FIGURE 1. Overview of the integrated data sources. The copyright of the logos belong to the corresponding companies.
The performance of the application obviously depends on the complexity of the scene (i.e. the size and quality of rendered objects) as well as the screen resolution of the output device. For the prototype a notebook with a dedicated graphics card10 is sufficient to render the visualisations and animations.
For the usage on HMDs like the Oculus Quest 2 or the HTC Vive Pro, a notebook or PC with a sufficient graphics card and the device specific connectors (i.e., DisplayPort for the Oculus Quest 2) can be used to outsource the time-consuming calculation of separate images for the left and right eye. To use the application in CAVE-like settings plug-in type software modules like MiddleVR11 or UniCAVE12 are required.
2.2 Integration of Static Data
A collection of heterogeneous data sets, originally available in a wide range of data formats, has been included in the prototype and a number of spatial data sets are a fixed part of the application. This is what we call static application data. Although static data might be time-dependent (e.g. results of numerical simulations) and thereby might be displayed in different states, the data sets themselves will not change unless they are explicitly updated by the developer of the application. The following section will explain the integration of the tunnel system, simulation results and the geological context in detail.
The model of the Mont Terri URL’s tunnel system (see Figure 2B) serves as a frame of reference for almost all other data sets. It has been originally created via laser scan. This technique measures the time it takes for a beam of light to travel from the laser scanner to the tunnel walls and back and in this way creates a 3D model (geometry) based on the determined distances.

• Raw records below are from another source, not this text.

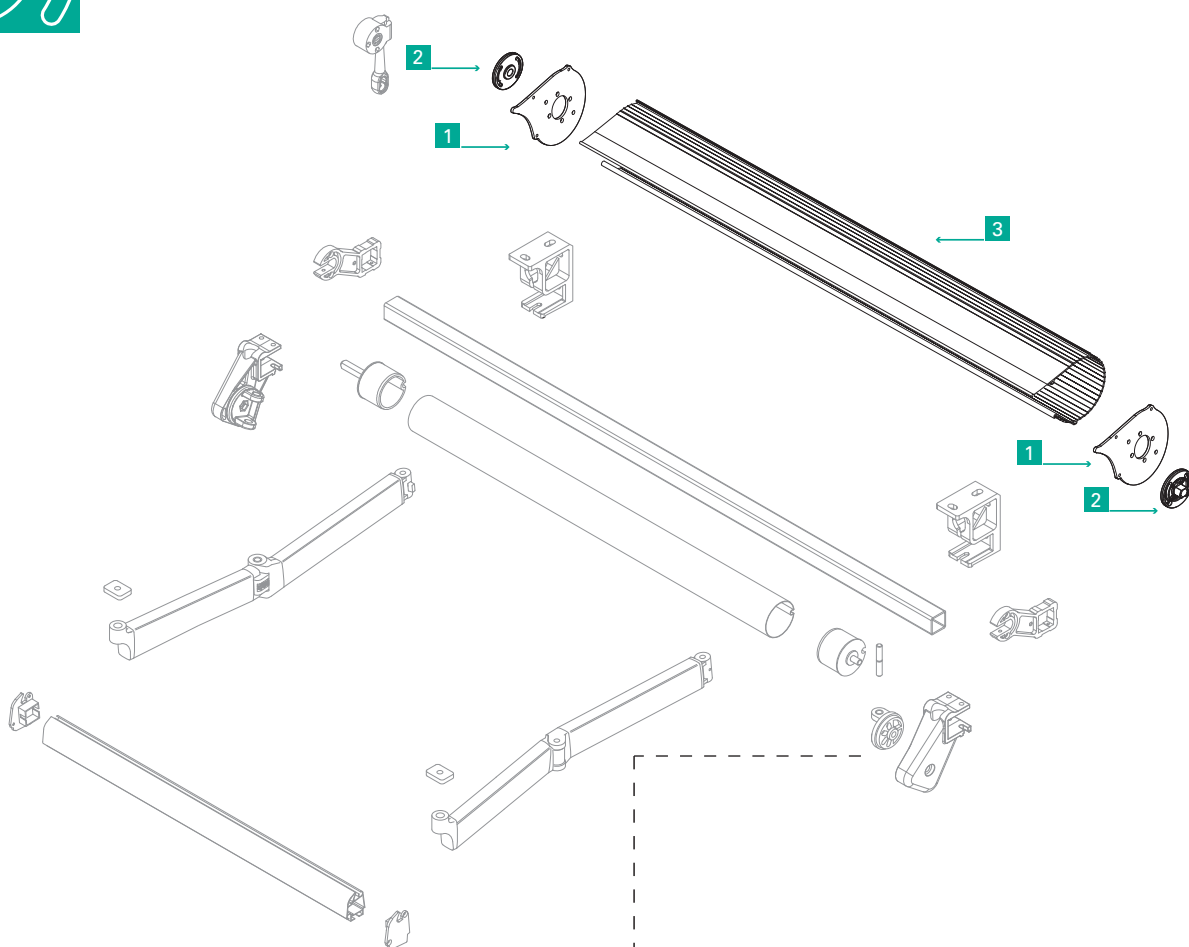

ARCIMBOLDO BQ

sporgenza max | max projection | maximale Ausladung
 avancée maximale | salida máx | saliência máxima

275 cm

AVAILABLE COLOURS

RAL

9010

7035

1013

MARINETTI
 SANSOVINO

OPTIONAL ARM
 ALL ARM ON PAGE 212

ARIES
 STAR

PEGASUS
 HERCULES

SAGITTARIO
 PHOENIX

TIGRIS

N° 

1		8XL103	testata arcimboldo BQ arcimboldo BQ-cassette caps Deckel für Arcimboldo BQ-Kassette capuchons pour coffre arcimboldo BQ tapas para caja-arcimboldo BQ tampas para caixa -arcimboldo BQ			1 CP	
2		8XL102	disco di rotazione arcimboldo BQ arcimboldo BQ-cassette rotation's disc Rotationsscheibe Arcimboldo BQ disque de rotation coffre arcimboldo BQ disco de rotación arcimboldo BQ disco de rotação arcimboldo BQ			1 CP	
3		8XL006L400 8XL006L500 8XL006L600	guscio arcimboldo BQ arcimboldo BQ cassette Gehäuse Arcimboldo BQ coffre arcimboldo BQ cofre arcimboldo BQ cofre arcimboldo BQ		400 cm 500 cm 600 cm	1 PZ

FIGURE 2. Two consecutive viewpoints with different scale: (A) a representation of the stratigraphic layers with additional textured surface data of the surrounding terrain from Google (2021) and (B) laser scan data of the tunnel system.
The digital replica of the Mont Terri URL has been enhanced by results of numerical simulations. These simulations have been conducted using the OpenGeoSys (OGS) simulation software (Kolditz et al., 2012). In total six visualisations of numerical models with varying extents have been included into the scene, displaying the simulation results of saturation, temperature, displacement and fault opening in the Opalinus Clay. In contrast to other static data, these data sets are time-dependent. Therefore, time step information had to be preprocessed using Python scripts to cover the various time formats needed to display the progress of simulations with highly varying time spans. This preprocessed time step data then has been imported into Unity.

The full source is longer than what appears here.